AECL admits that “there does not appear to be agreement on which ethical
framework is best suited to siting a nuclear fuel waste disposal facility”
(172). In fact, it suggests that competing ethical frameworks may be
irreconcilable, noting “a clash between at least two different value systems
(societal rights and individual rights), neither of which accepts the premises
upon which the other operates” (143). Regardless, AECL firmly rejects
libertarianism in favour of a modified
utilitarianism.
AECL’s use of the libertarian label is
confusing: it could apply to all those who advocate individual liberty, or it
could apply only to those who embrace a particular political philosophy or
party.

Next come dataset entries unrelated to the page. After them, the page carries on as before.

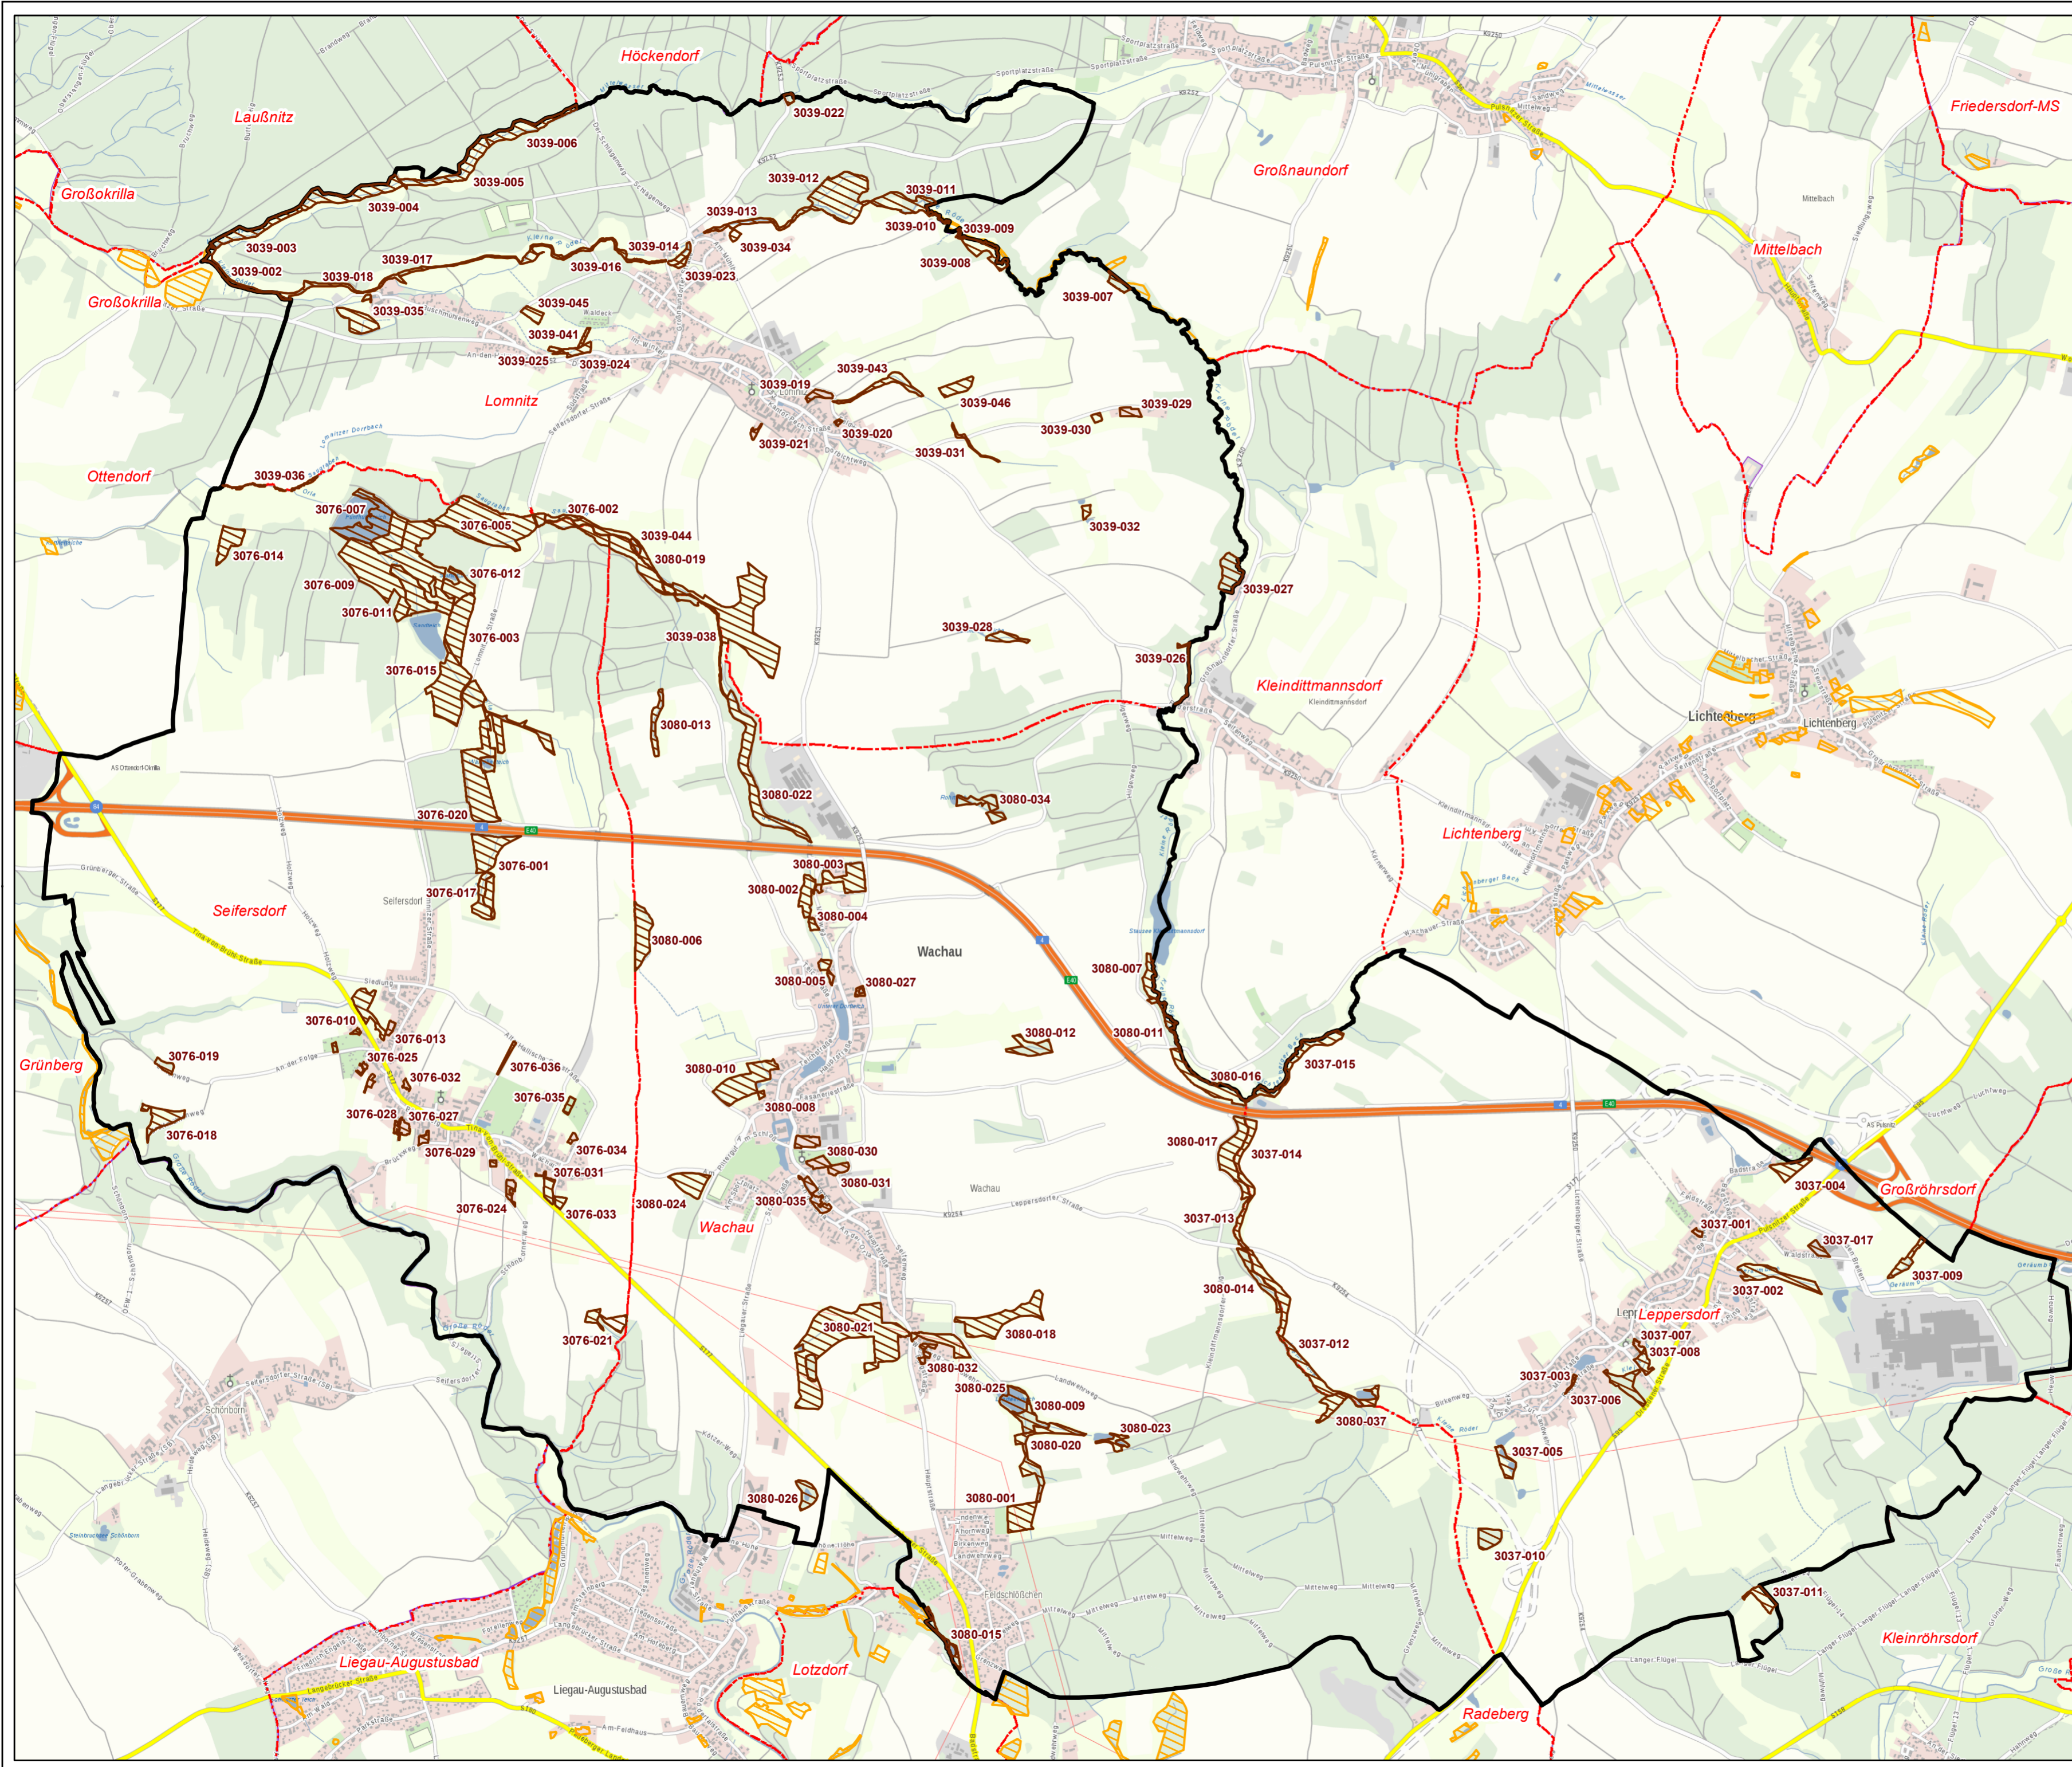

Übersichtskarte zu den gesetzlich geschützten Offenlandbiotopen in der Gemeinde Wachau

Legende

-  Gemeindegrenze von Wachau
-  Gemarkungsgrenzen
-  geschützte Biotope in Wachau
-  geschützte Biotope außerhalb Wachau

Maßstab: 1:20.000
 Bearbeitungsstand: August 2018

Herausgeber: Landratsamt Bautzen
 Wald, Natur, Abfallwirtschaft 

Grundlage: WebAtlasSN © GeoBasisDE/BKG 2018
 Änderungen und thematische Ergänzungen durch den Herausgeber
 Jede weitere Vervielfältigung bedarf der Erlaubnis des Herausgebers.

AECL limits its discussion of individual rights to contemporary
libertarian philosophers, giving no indication of the breadth or depth of philosophical
interest in the issue. It doesn’t, for example, even mention liberalism, whose
founder, the seventeenth-century English philosopher John Locke, drew on a
long-established legal tradition of respect for individual rights.
AECL fails to explain its dismissal of a siting
approach based on respect for individual rights. Although it suggests that a
rights-based approach could not account for the needs of future generations
(144), it neither supports this conclusion nor reconciles it with the inherent
respect for others’ rights
traditionally found in rights-based approaches. Nor does it explore siting
processes that respect individual rights, or give any indication of whether
such processes could fruitfully be applied to the siting of nuclear waste facilities.
Nowhere does it examine the possibility that a siting approach based on
individual rights might be more palatable and therefore more likely to succeed.